- [Records for processing]:
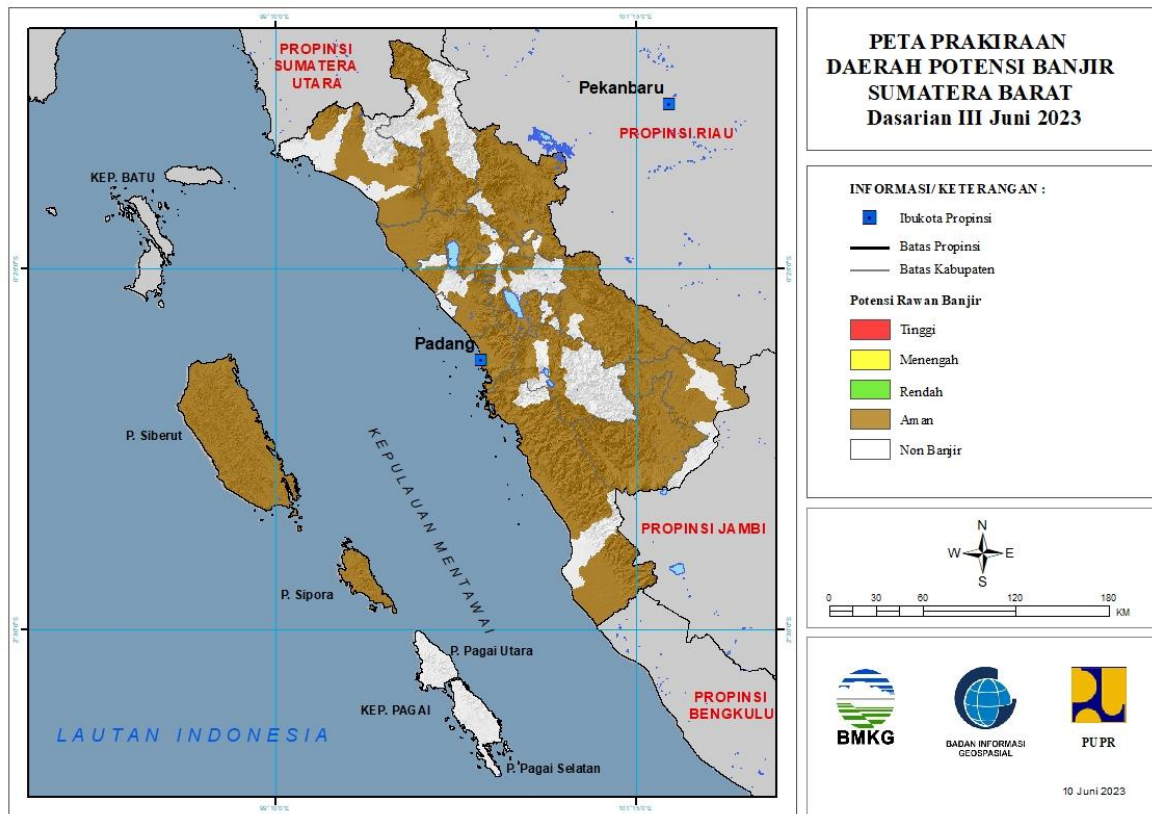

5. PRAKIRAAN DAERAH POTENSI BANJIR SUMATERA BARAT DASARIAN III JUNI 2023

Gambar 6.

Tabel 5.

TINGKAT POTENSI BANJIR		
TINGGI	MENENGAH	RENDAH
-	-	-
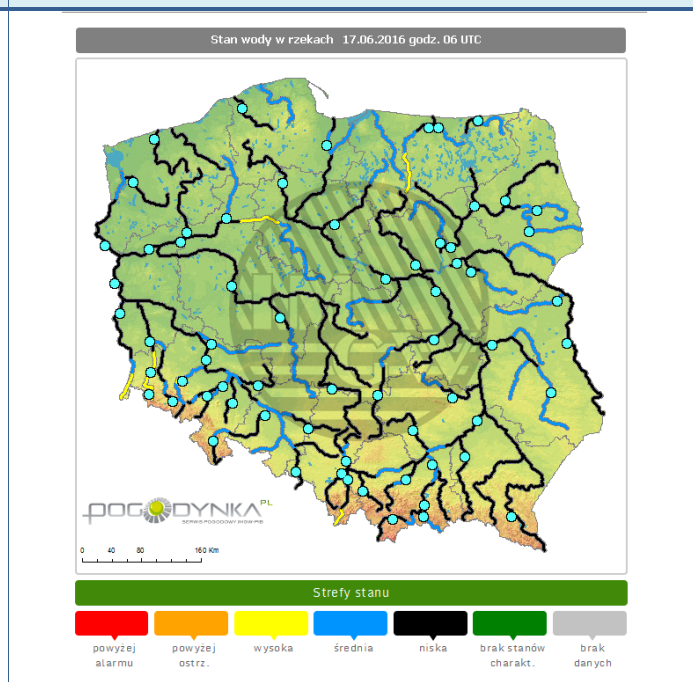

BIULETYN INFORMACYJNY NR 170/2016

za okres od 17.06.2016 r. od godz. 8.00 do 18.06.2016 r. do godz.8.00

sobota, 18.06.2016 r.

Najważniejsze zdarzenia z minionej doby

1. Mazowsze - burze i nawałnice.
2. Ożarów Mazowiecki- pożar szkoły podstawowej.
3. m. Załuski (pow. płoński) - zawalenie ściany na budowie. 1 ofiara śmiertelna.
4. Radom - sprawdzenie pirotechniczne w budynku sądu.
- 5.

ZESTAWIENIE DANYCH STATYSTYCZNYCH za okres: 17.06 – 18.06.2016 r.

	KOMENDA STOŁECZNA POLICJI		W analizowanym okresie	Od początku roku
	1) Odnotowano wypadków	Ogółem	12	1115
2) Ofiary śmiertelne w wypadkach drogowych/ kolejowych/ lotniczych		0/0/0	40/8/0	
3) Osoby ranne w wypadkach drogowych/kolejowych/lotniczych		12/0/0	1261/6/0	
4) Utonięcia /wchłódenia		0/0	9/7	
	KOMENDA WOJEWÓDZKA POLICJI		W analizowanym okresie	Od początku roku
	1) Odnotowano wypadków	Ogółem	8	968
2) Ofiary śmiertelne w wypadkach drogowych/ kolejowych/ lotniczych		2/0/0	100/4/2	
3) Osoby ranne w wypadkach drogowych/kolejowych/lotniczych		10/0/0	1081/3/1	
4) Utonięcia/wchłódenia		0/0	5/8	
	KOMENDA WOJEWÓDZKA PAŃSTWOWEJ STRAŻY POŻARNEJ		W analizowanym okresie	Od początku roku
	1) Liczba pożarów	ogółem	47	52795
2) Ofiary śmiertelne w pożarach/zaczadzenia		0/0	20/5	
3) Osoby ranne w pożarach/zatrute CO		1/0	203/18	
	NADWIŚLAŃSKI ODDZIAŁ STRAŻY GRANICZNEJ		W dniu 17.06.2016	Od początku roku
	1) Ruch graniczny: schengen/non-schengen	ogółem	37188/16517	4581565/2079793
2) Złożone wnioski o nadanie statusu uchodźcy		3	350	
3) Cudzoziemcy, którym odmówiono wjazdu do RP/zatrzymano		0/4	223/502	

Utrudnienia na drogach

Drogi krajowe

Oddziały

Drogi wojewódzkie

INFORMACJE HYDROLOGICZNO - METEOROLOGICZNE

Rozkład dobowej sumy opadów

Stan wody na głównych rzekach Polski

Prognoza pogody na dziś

- [What to work on]:
Restate each line above exactly, keeping pictures out.

- [Task response]:
5. PRAKIRAAN DAERAH POTENSI BANJIR SUMATERA BARAT DASARIAN III JUNI 2023

Gambar 6.

Tabel 5.

TINGKAT POTENSI BANJIR		
TINGGI	MENENGAH	RENDAH
-	-	-

BIULETYN INFORMACYJNY NR 170/2016

za okres od 17.06.2016 r. od godz. 8.00 do 18.06.2016 r. do godz.8.00

sobota, 18.06.2016 r.

Najważniejsze zdarzenia z minionej doby

1. Mazowsze - burze i nawałnice.
2. Ożarów Mazowiecki- pożar szkoły podstawowej.
3. m. Załuski (pow. płoński) - zawalenie ściany na budowie. 1 ofiara śmiertelna.
4. Radom - sprawdzenie pirotechniczne w budynku sądu.
- 5.

ZESTAWIENIE DANYCH STATYSTYCZNYCH za okres: 17.06 – 18.06.2016 r.

	KOMENDA STOŁECZNA POLICJI		W analizowanym okresie	Od początku roku
	1) Odnotowano wypadków	Ogółem	12	1115
2) Ofiary śmiertelne w wypadkach drogowych/ kolejowych/ lotniczych		0/0/0	40/8/0	
3) Osoby ranne w wypadkach drogowych/kolejowych/lotniczych		12/0/0	1261/6/0	
4) Utonięcia /wchłódenia		0/0	9/7	
	KOMENDA WOJEWÓDZKA POLICJI		W analizowanym okresie	Od początku roku
	1) Odnotowano wypadków	Ogółem	8	968
2) Ofiary śmiertelne w wypadkach drogowych/ kolejowych/ lotniczych		2/0/0	100/4/2	
3) Osoby ranne w wypadkach drogowych/kolejowych/lotniczych		10/0/0	1081/3/1	
4) Utonięcia/wchłódenia		0/0	5/8	
	KOMENDA WOJEWÓDZKA PAŃSTWOWEJ STRAŻY POŻARNEJ		W analizowanym okresie	Od początku roku
	1) Liczba pożarów	ogółem	47	52795
2) Ofiary śmiertelne w pożarach/zaczadzenia		0/0	20/5	
3) Osoby ranne w pożarach/zatrute CO		1/0	203/18	
	NADWIŚLAŃSKI ODDZIAŁ STRAŻY GRANICZNEJ		W dniu 17.06.2016	Od początku roku
	1) Ruch graniczny: schengen/non-schengen	ogółem	37188/16517	4581565/2079793
2) Złożone wnioski o nadanie statusu uchodźcy		3	350	
3) Cudzoziemcy, którym odmówiono wjazdu do RP/zatrzymano		0/4	223/502	

Utrudnienia na drogach

Drogi krajowe

Oddziały

Drogi wojewódzkie

INFORMACJE HYDROLOGICZNO - METEOROLOGICZNE

Rozkład dobowej sumy opadów

Stan wody na głównych rzekach Polski

Prognoza pogody na dziś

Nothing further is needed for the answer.